Маркелов Н. В.: "Вчера я приехал в Пятигорск... "

"Вчера я приехал в Пятигорск..."

Описание Пятигорска в "Княжне Мери" уникально по силе и совершенству выражения. Несколько замечательных штрихов, дополняющих картину, найдем в письмах поэта отсюда летом 1837 года. Более того, Лермонтов тогда же запечатлел город и на живописном полотне, избрав для этого одну из лучших здесь панорамных точек, открывающих взору гористый ландшафт местности и дальнюю перспективу на Кавказский хребет. На переднем плане — площадка у Елисаветинского источника, упоминание о которой есть и в дневнике Печорина: "Наконец вот и колодезь... На площадке близ него построен домик с красной кровлею над ванной..," Ниже виднеются городские постройки и долина реки Подкумка, а совсем в дали, "все синее и туманнее",- цепь снеговых вершин, увенчанная Эльбрусом. Одним словом, как сказано в романе,- "воздух чист и свеж, как поцелуй ребенка; солнце ярко, небо сине..."

Вид города, окруженного со всех сторон горами, вдохновлял многих; мы расскажем о двух художниках, чьи творческие судьбы соприкоснулись с лермонтовским Пятигорьем.

1. Василий Верещагин:   "... если случай забросит вас в Пятигорск..."

К творчеству Лермонтова Василий Верещагин обратился только однажды — двадцатилетним молодым человеком, еще будучи учеником Академии художеств. В 1863 году он создал иллюстрацию к роману "Герой нашего времени" для выходившего в Петербурге журнала-альбома "Северное сияние", печатавшего исторические и литературные статьи, а также гравюры, выполненные лейпцигской фирмой Ф. А. Брокгауза с картин и рисунков русских художников.

Рисунок "Княжна Мери на прогулке" воспроизводит сцену из центральной части лермонтовского романа, когда Печорин и Грушницкий, встретившись у Елисаветинского источника, каждый по-своему пытаются привлечь внимание хорошенькой московской княжны. "В эту минуту прошли к колодцу мимо нас две дамы: одна пожилая, другая молоденькая, стройная, — заносит в свой дневник Печорин. — Их лиц за шляпками я не разглядел, но они одеты были по строгим правилам лучшего вкуса..."

К тому времени Верещагин еще не успел побывать на Кавказе, с Пятигорском знаком не был, а потому и вид галереи возле источника и гористый пейзаж, на фоне которого происходит действие, носят условный характер. Но внутренний смысл, нерв этой сценки передан выразительно и точно. Фигуры персонажей размещены так, что подчеркивают динамику этого ключевого эпизода, по существу — завязки повести.

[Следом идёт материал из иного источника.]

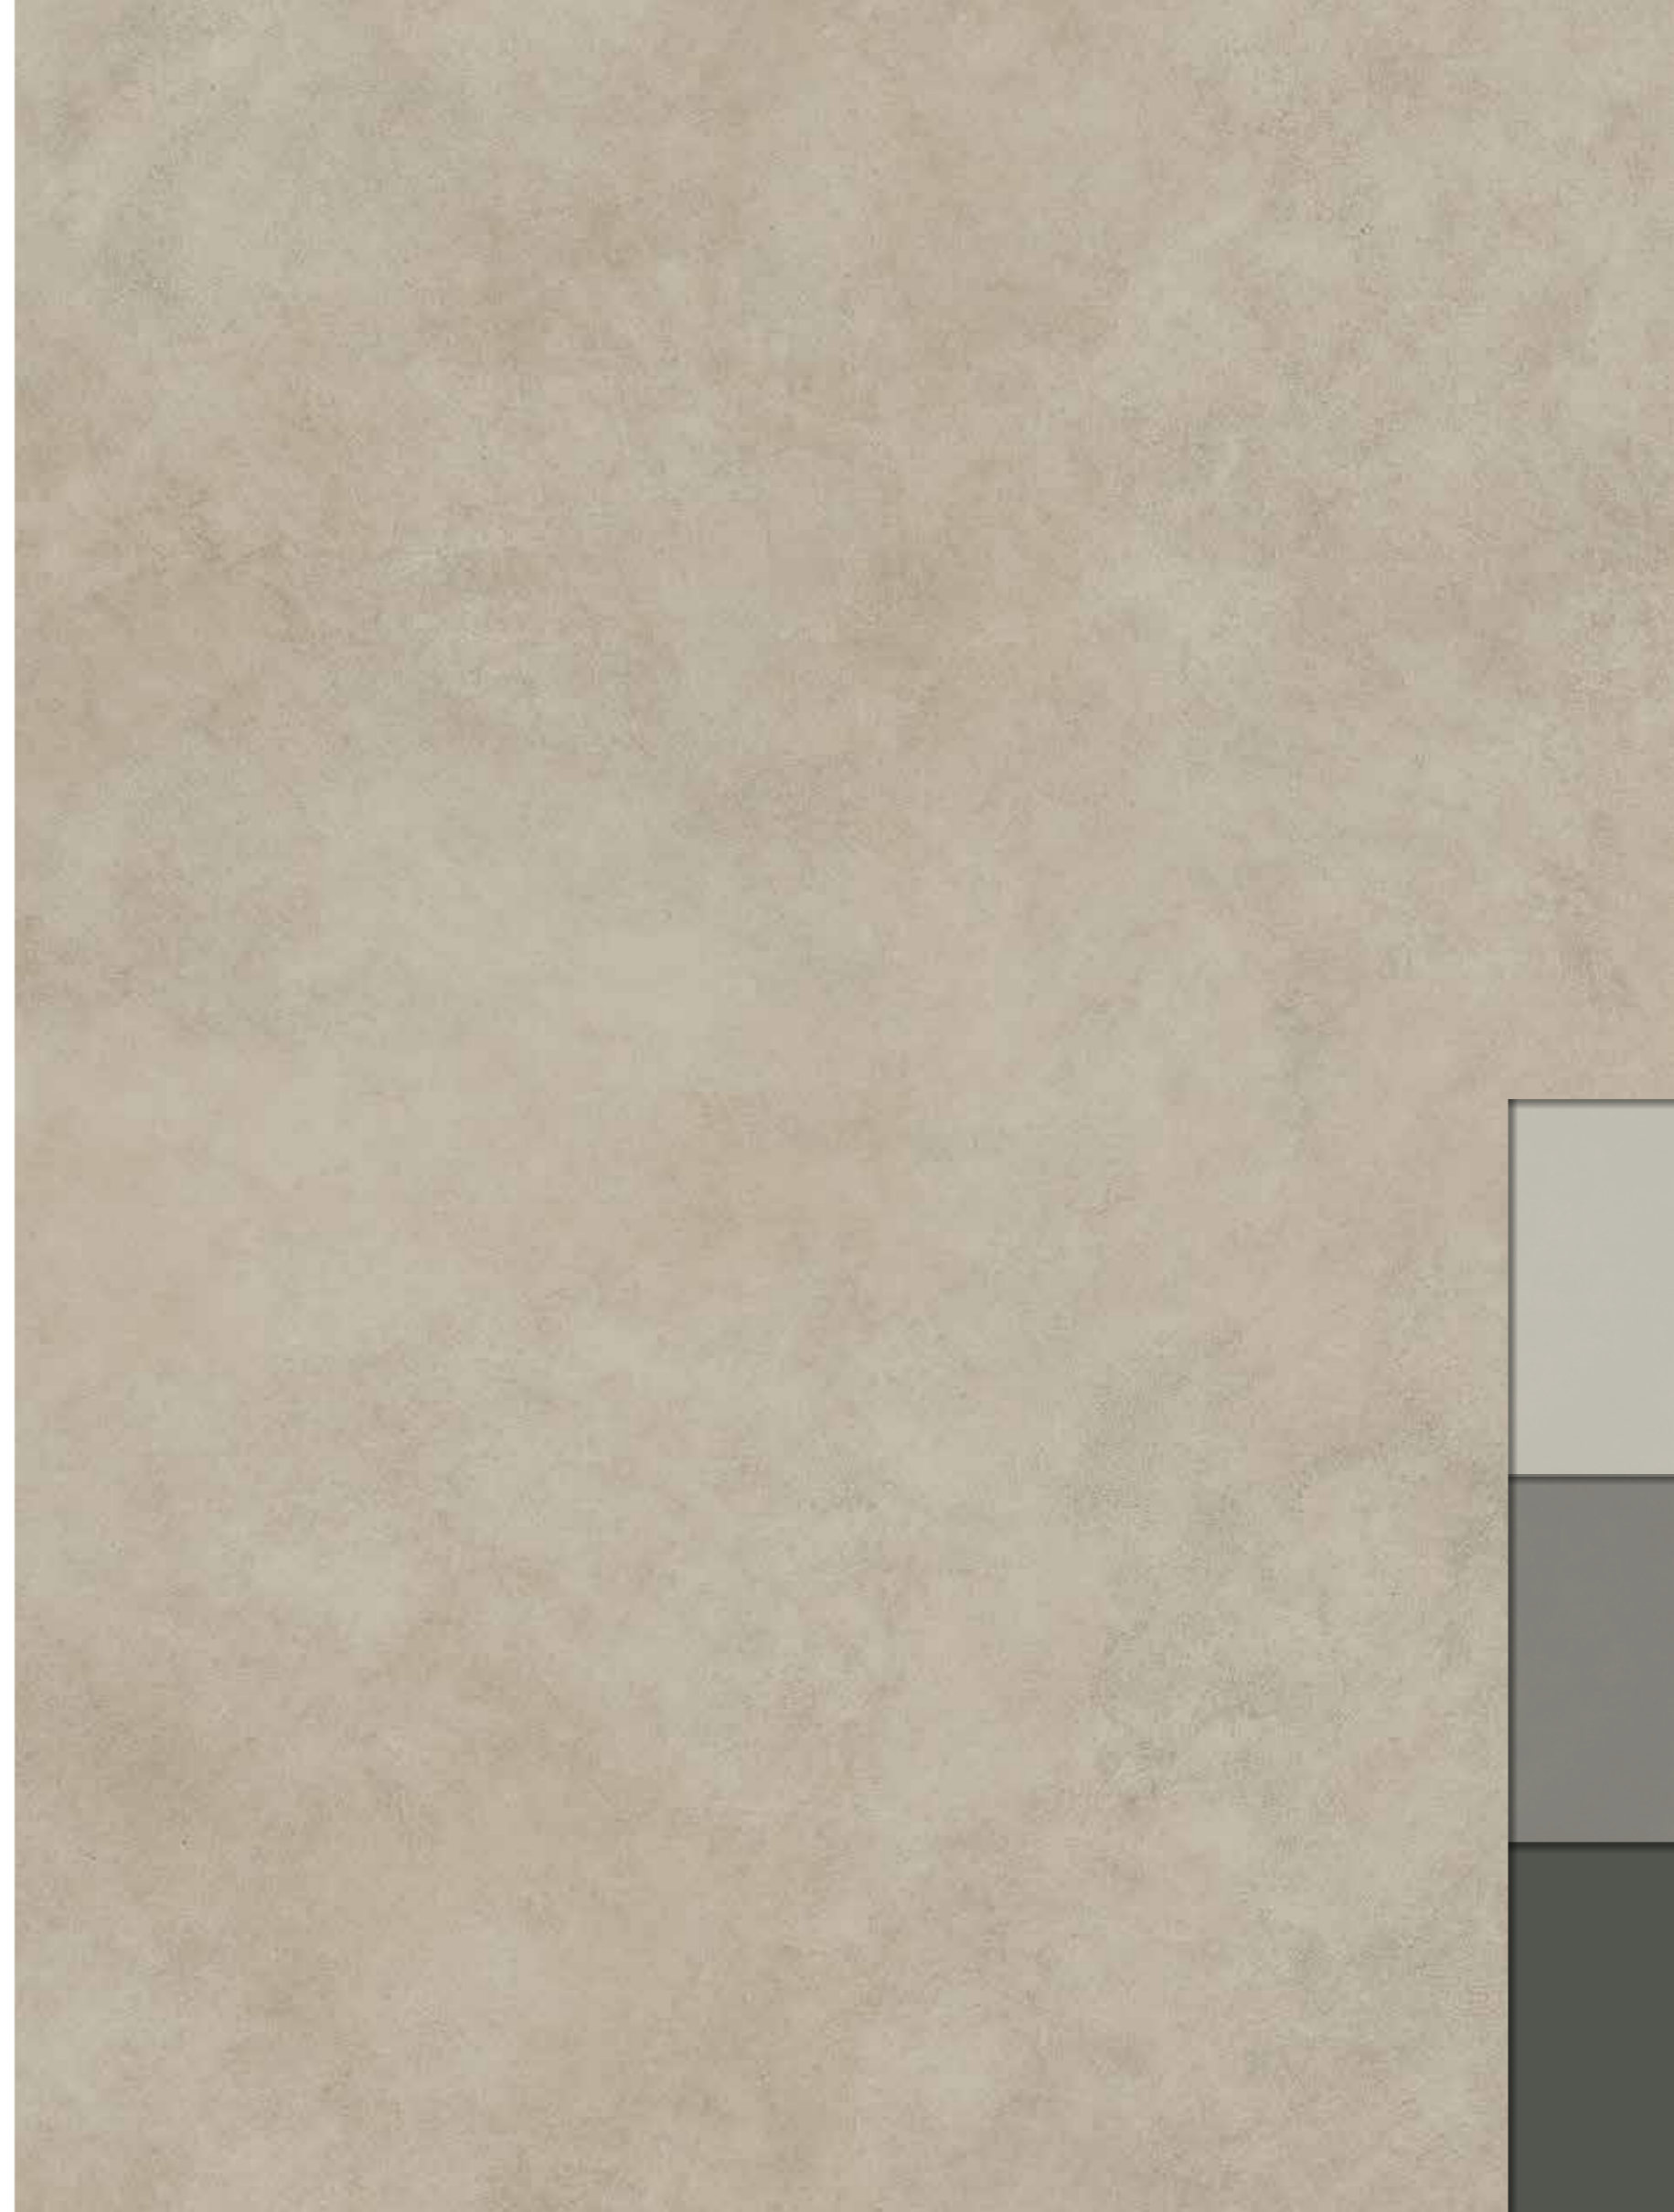

# FORUM WAVE DESERT

FORUM

---

Форум Вэйв Дезерт /  
Forum Wave Desert /

80x80 см

120x120 см

60x120 см

Именно на этом рисунке молодого художника лермонтовские герои впервые нашли воплощение в изобразительном искусстве. Опубликованный вне текста повести, он потом часто включался в издания "Героя..." в качестве прекрасной иллюстрации. Едва ли Верещагин тогда подозревал, что вскоре и сам побывает на месте изображенных им событий и сможет убедиться, насколько точна и проницательна была его фантазия. Впоследствии он довольно подробно описал в своих путевых мемуарах и упомянутую площадку и другие достопримечательности Пятигорска, знакомые всем по лермонтовскому роману, — Эолову арфу и Провал.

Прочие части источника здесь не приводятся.